Some Mars Exploration Missions

Shivam Sahil
May 31, 2019   •  36 views

Mars has always been the centre of attention when it comes to discovering life and habitability. But do you know about some of the most successful Mars missions which have done a brilliant job in reading and analyzing geological, geographical and astrobiological martian sites? Here are some of the very popular Mars missions:

Mars Global Surveyor:

Launched in 1996, this mission studied the Martian surface, atmosphere, and interior.
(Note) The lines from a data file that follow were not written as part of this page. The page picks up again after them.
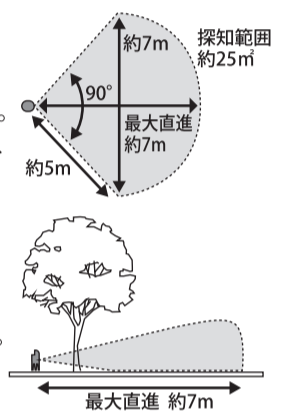

■設置方法

右記探知範囲を参考に、被害のある場所へ設置してください。

- ・本器の向きは、ネコが探知範囲を横切るように設置してください。
- ・強風や周囲環境による温度上昇や障害物などにより誤動作し、電池寿命が短くなる場合があります。設置場所には、十分注意してください。
- ・芝生や土の上など不安定な場所、風が強い場所に設置すると本器が転倒して、破損したり性能低下する場合があります。安定した場所に設置してください。
- ・出力される超音波の音圧 (dB) は、本器に近いほど強くなります。被害のある場所に、できるだけ近づけて設置してください。
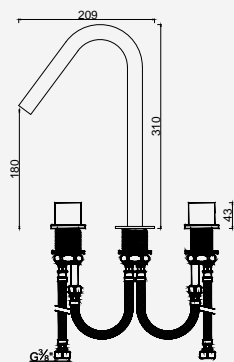

WACE066

Cromado . Chrome	WVITTA001/6.1	241,71 €	WVITTA001/6.1.1M	228,32 €
Satingrey	WVITTA001/6.1SG	326,30 €	WVITTA001/6.1.1MSG	308,23 €
Moonlight Black	WVITTA001/6.1MB	326,30 €	WVITTA001/6.1.1MMB	308,23 €
Brushed Black	WVITTA001/6.1BL	435,07 €	WVITTA001/6.1.1MBL	410,97 €
Shine Black	WVITTA001/6.1BA	435,07 €	WVITTA001/6.1.1MBA	410,97 €
Shine Chocolate	WVITTA001/6.1CA	435,07 €	WVITTA001/6.1.1MCA	410,97 €
Shine Gold	WVITTA001/6.1GL	435,07 €	WVITTA001/6.1.1MGL	410,97 €
Shine Copper	WVITTA001/6.1DA	435,07 €	WVITTA001/6.1.1MDA	410,97 €
Shine Hard Graphite	WVITTA001/6.1A0	435,07 €	WVITTA001/6.1.1MA0	410,97 €
Brushed Chocolate	WVITTA001/6.1CL	435,07 €	WVITTA001/6.1.1MCL	410,97 €
Brushed Gold	WVITTA001/6.1GN	435,07 €	WVITTA001/6.1.1MGN	410,97 €
Brushed Copper	WVITTA001/6.1DL	435,07 €	WVITTA001/6.1.1MDL	410,97 €
Brushed Hard Graphite	WVITTA001/6.1AL	435,07 €	WVITTA001/6.1.1MAL	410,97 €
Brushed White Gold	WVITTA001/6.1WL	435,07 €	WVITTA001/6.1.1MWL	410,97 €

Cromado . Chrome	WVITTA001/6.1.2M	228,32 €	WVITTA001/6.1.3M	228,32 €
Satingrey	WVITTA001/6.1.2MSG	308,23 €	WVITTA001/6.1.3MSG	308,23 €
Moonlight Black	WVITTA001/6.1.2MMB	308,23 €	WVITTA001/6.1.3MMB	308,23 €
Brushed Black	WVITTA001/6.1.2MBL	410,97 €	WVITTA001/6.1.3MBL	410,97 €
Shine Black	WVITTA001/6.1.2MBA	410,97 €	WVITTA001/6.1.3MBA	410,97 €
Shine Chocolate	WVITTA001/6.1.2MCA	410,97 €	WVITTA001/6.1.3MCA	410,97 €
Shine Gold	WVITTA001/6.1.2MGL	410,97 €	WVITTA001/6.1.3MGL	410,97 €
Shine Copper	WVITTA001/6.1.2MDA	410,97 €	WVITTA001/6.1.3MDA	410,97 €
Shine Hard Graphite	WVITTA001/6.1.2MA0	410,97 €	WVITTA001/6.1.3MA0	410,97 €
Brushed Chocolate	WVITTA001/6.1.2MCL	410,97 €	WVITTA001/6.1.3MCL	410,97 €
Brushed Gold	WVITTA001/6.1.2MGN	410,97 €	WVITTA001/6.1.3MGN	410,97 €
Brushed Copper	WVITTA001/6.1.2MDL	410,97 €	WVITTA001/6.1.3MDL	410,97 €
Brushed Hard Graphite	WVITTA001/6.1.2MAL	410,97 €	WVITTA001/6.1.3MAL	410,97 €
Brushed White Gold	WVITTA001/6.1.2MWL	410,97 €	WVITTA001/6.1.3MWL	410,97 €
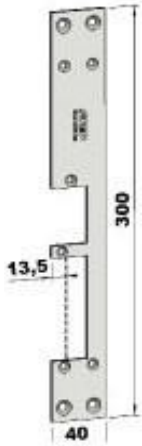

Stolper Step 28 E

ST283-A

Plösmått:	13,5mm
Dörrtyp:	Metall, trädörr
Profilsystem:	Plana

Beskrivning

Plan stolpe för vänsterhängda dörrar, anpassad för connect hakregellås 13,5mm plös

Ladda ner

- [ST283-A \(pdf\)](#)
- [ST283-A \(dwg\)](#)

ST283-B

Plösmått:	14mm
Dörtryp:	Metall, trädörr
Profilsystem:	Plana

Beskrivning

Plan stolpe för höghängda dörrar, anpassad för connect hakregellås 14mm plös

Ladda ner

- [ST283-B \(dwg\)](#)
- [ST283-B \(pdf\)](#)

ST285-A

Plösmått:	14mm
Dörrtyp:	Metall, trädörr
Profilsystem:	Plana

Beskrivning

Plan stolpe för vänsterhängda dörrar, anpassad för Assa modul t.ex. 8765, 1525 eller Fas lås 981 med 14mm plös

Ladda ner

- [ST285-A \(pdf\)](#)
- [ST285-A \(dwg\)](#)

ST285-B

Plösmått:	14mm
Dörrtyp:	Metall, trädörr
Profilsystem:	Plana

Beskrivning

Plan stolpe for høgerhængda dørrar, anpassad for Assa modul t.ex. 8765, 1525 eller Fas lås 981 med 14mm pløs

Ladda ner

- [ST285-B \(dwg\)](#)
- [ST285-B \(pdf\)](#)
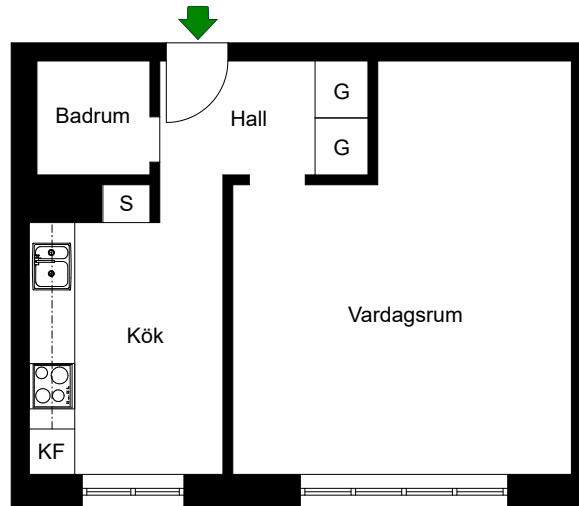

# Grindsgatan 43

Södermalm, Stockholm

Kv. Skalan 2  
1 RoK 37,5 m<sup>2</sup>  
Ighnr 4, 12, 20, 28, 36

HSB – där möjligheterna bor

=Spis

=Kyl och frys

=Skåp

=Garderob

# Grindsgatan 43

Södermalm, Stockholm

Kv. Skalan 2  
1 RoK 37 m<sup>2</sup>  
Ighnr 5, 13, 21, 29, 37

HSB – där möjligheterna bor

=Spis

=Kyl och frys

=Skåp

=Garderob
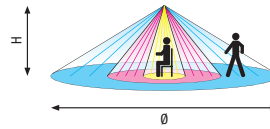

REICHWEITE

H	Ø*	Ø*
2,0 m	4 m	10 m
2,5 m	5 m	12 m
3,0 m	6 m	14 m
3,5 m	7 m	16 m
4,0 m	(8 m)	16 m
5,0 m	(8 m)	16 m
6,0 m	(8 m)	16 m

* Maximalwerte

- Präsenz (Aufenthaltsbereich)**
● Reagiert auf kleinste Bewegungen (sitzende Tätigkeit)
- Bewegung (Durchgangsbereich)**
● Reagiert auf Gehbewegungen tangential = >>>
- Reagiert auf Gehbewegungen frontal = >>>>

TECHNISCHE DATEN

Nennspannung: 230V/50 Hz
Schaltleistung: 2000W/8,7A ohmisch (cos φ 1,0)
 1000VA/4,35A induktiv (cos φ 0,5)
Erfassungsbereich: 360°
Reichweite: ca. Ø 6 m Präsenz, ca. Ø 14 m bei 3 m Höhe
Montagehöhe: ca. 2–6 m
Dämmungsregler: 5–2000 lx (oder aktueller Luxwert per Fernbedienung)
Zeitregler: Kurzpuls (ca. 1 s), ca. 10 s bis 20 min
Schutzart: IP20 Innenmontage, Klasse II
Temperaturbereich: -20 bis +40 °C
Masse: Swiss Garde 360 Präsenz Master 16 m: 88x88x35 mm (Sichtmass)
 Swiss Garde 360 Präsenz Master RA 16 m: Ø 105x35 mm (Sichtmass)
Prüfzeichen: TÜV Süd, CE

The instruments onboard were the thermal emission spectrometer, laser altimeter, magnetometer/electron reflectometer, and ultra-stable oscillator, wide-angle camera system, known as the Mars Orbital Camera and radio relay system.

Mars Pathfinder:

The science instruments onboard the Mars Pathfinder included the Alpha Proton X-ray Spectrometer (APXS) determined the elemental composition of rocks and soils and Imager for Mars Pathfinder (IMP) camera which provided images of the surrounding terrain for geological studies and an Atmospheric Structure Instrument/Meteorology Package (ASI/MET) which provided meteorological measurements at the lander.

Mars Phoenix:

Phoenix Mars Mission was designed exclusively with a focus on astrobiology to study the history of water and search for complex organic molecules. It included some of the most sophisticated science instruments onboard like the Surface Stereoscopic Imager (SSI) provided high-resolution panoramic images of Martian arctic, Thermal and Evolved Gas Analyzer (TEGA) which gave important information regarding the chemical character of soil and ice, Microscopy, Electrochemistry, and Conductivity Analyzer (MECA) which determined the soil mineralogy on-board, Mars Descent Imager (MARDI) and Meteorological Station (MET).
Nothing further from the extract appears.